What sessions stand out in your mind? Do you have like an all-time session?

That’s a great question. Some of my best and favorite surf trips ever have been to wave pools. Waco was my first time ever surfing the wave, and I was invited to the first Stab High event there. So I got the wildcard invitation to that event, and it was just so insane being a part of all these surfers that I’ve looked up to my entire life and having a shot to surf with them in this confined area. We’re all hanging out, all drinking beers together after the contest. It was such a surreal moment for me. So that was pretty exceptional experience, and I was able to do better than I thought I was going to do in that event, riding a soft board. I was the only guy riding a Catch Surf in that contest.

And then another really special experience for me was when I got to go back to Waco with Mason Ho, and we had the wave engineers develop new waves for us. So we were the test dummies for some of their new technologies, and we got to try out three different weird wedge waves. I was able to land probably the biggest air I’ve ever done on a skimboard. And that was like a moment where, when you picture something in your head and imagine it for so long, and then you actually land it, it’s very rewarding, especially when you have Mason Ho cheering you on and he’s all stoked for you. So that was a really cool moment.

And then the last special moment I’ll talk about is being able to winch in at the Palm Springs Surf Club. Cheyne and Kalani were incredible in letting me bring in this cable park feature to their wave pool, and we were whipping into waves. But we were doing it in a controlled environment where we could get this peak in the middle of the pool and come into it with a lot of speed from from the cable or from the pulley system and kind of just launch off of it as fast as you could handle. So this last week at Palm Springs Surf Club, I got got a couple of attempts at basically launching off of their slab wave. There was a wave that they made to get barreled, and we were able to actually winch into it. And I kind of took off from one side of the wave and then landed on the other side. And that was one of those moments that’ll be with me for the rest of my life. So I’ve had a couple of experiences in wave pools that have, like, really changed my outlook on on surfing and just like the potential in pools. 

Looking forward five to ten years, how do you see surfing changing with so many wave pools opening?

Wave pools are going to be incredible for people who don’t traditionally have ocean access.

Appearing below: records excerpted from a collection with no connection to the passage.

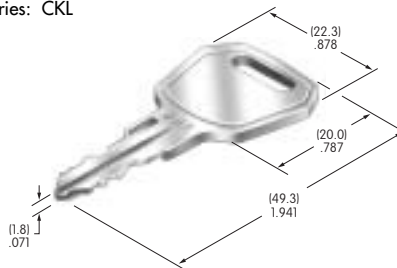

AT4158
Square Cap for Bright LED
Polycarbonate
Colors: JC JD JF
Series: KB

AT4153
Flat Key
Chrome/brass
Series: CKL
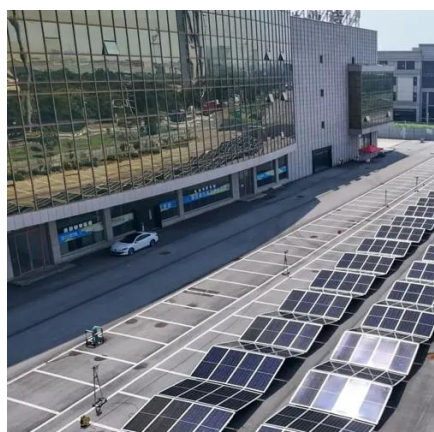

much determiner

Definition of much determiner in Oxford Advanced Learner's Dictionary. Meaning, pronunciation, picture, example sentences, grammar, usage notes, synonyms and more.
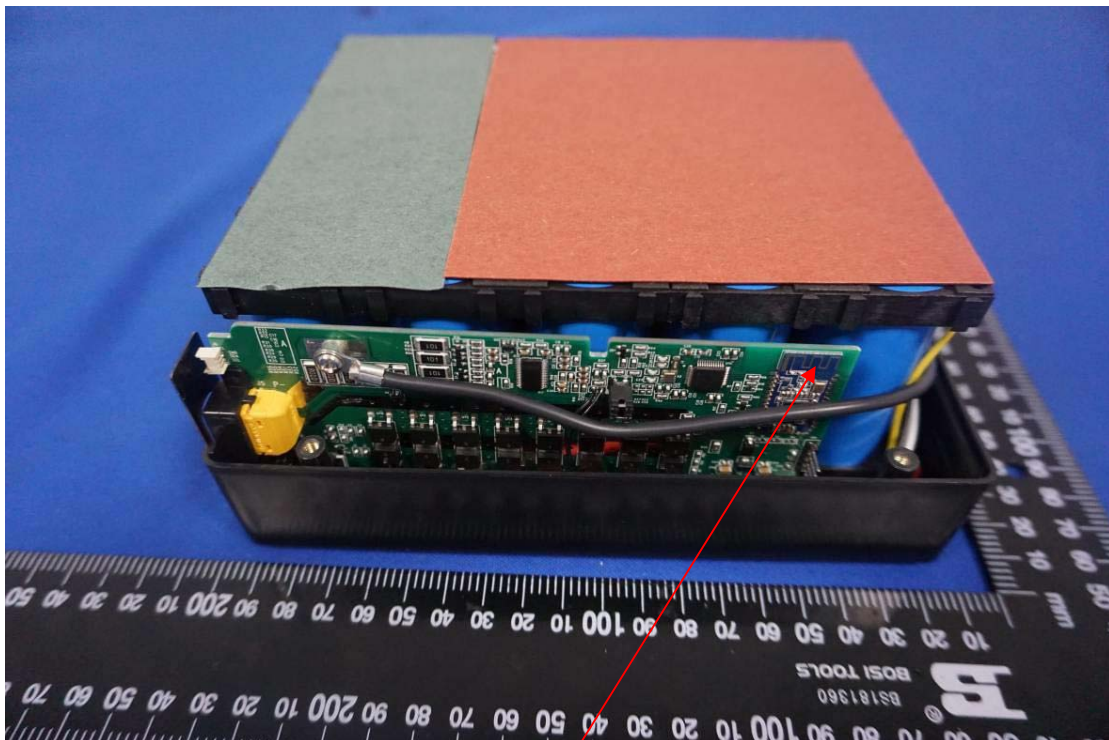

Internal Photo

Model : C45-300B

BT Antenna
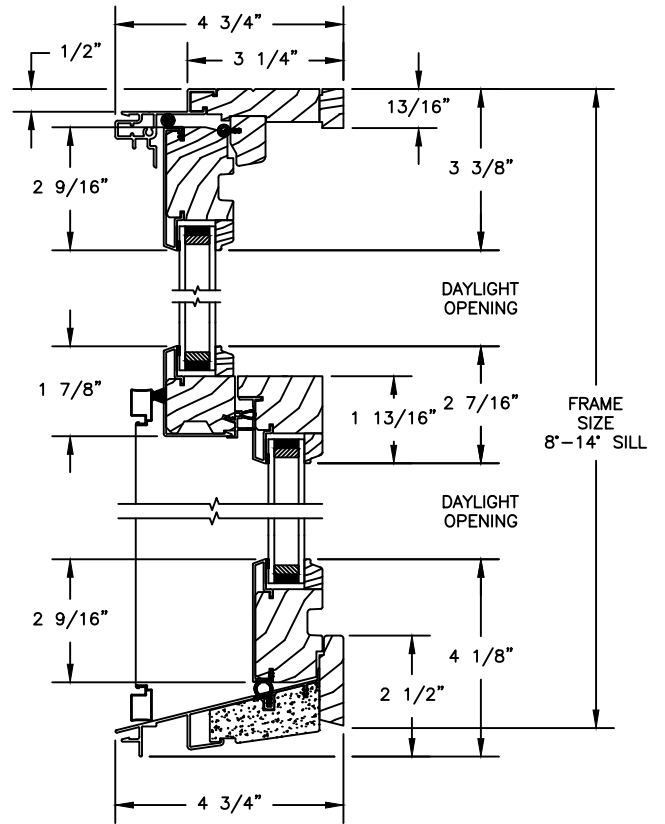

Revive Series

CLAD DOUBLE HUNG

SECTION DETAILS : OPERATING
 SCALE: 3" = 1'-0"

OPERATING

HEAD JAMB & SILL
 (0° TO 7° SILL OPTION)

HEAD JAMB & SILL
 (8° TO 14° SILL OPTION)

JAMBS

Revive Series

CLAD DOUBLE HUNG

SECTION DETAILS : PICTURE
 SCALE: 3" = 1'-0"

PICTURE

HEAD JAMB & SILL
 (0° TO 7° SILL OPTION)

HEAD JAMB & SILL
 (8° TO 14° SILL OPTION)

JAMBS

Revive Series

CLAD DOUBLE HUNG

SECTION DETAILS : MULLIONS

SCALE: 3" = 1'-0"

HORIZONTAL MULLION
TRANSOM/OPERATOR

VERTICAL MULLION
OPERATOR/PICTURE

VERTICAL MULLION
OPERATOR/OPERATOR

Revive Series

HYBRID DOUBLE HUNG

SECTION DETAILS : CLAD FRAME WITH CELLULAR PVC SASH
 SCALE: 3" = 1'-0"

Take Patti Zhou, for instance. She comes from a snowboarding background and has become an amazing surfer practicing in the Texas wave pool. Wave pools are also great for surf therapy and helping people with disabilities or those uncomfortable in the ocean. The accessibility surf parks provide is already changing surfing. I’ve met lifeguards who have learned to surf in pools and are fantastic at it. One lifeguard from Waco was so used to the pool’s controlled environment that the ocean’s sensory overload on his first visit made him think jets were flying overhead.

Of the 10 pools opening next year, where do you want to surf?

That’s a tough question. I can’t name any of the new pools off the top of my head. Munich sounds interesting. They have that cool river wave, and I haven’t surfed with Endless Surf technology yet. It would be cool to try their first pool.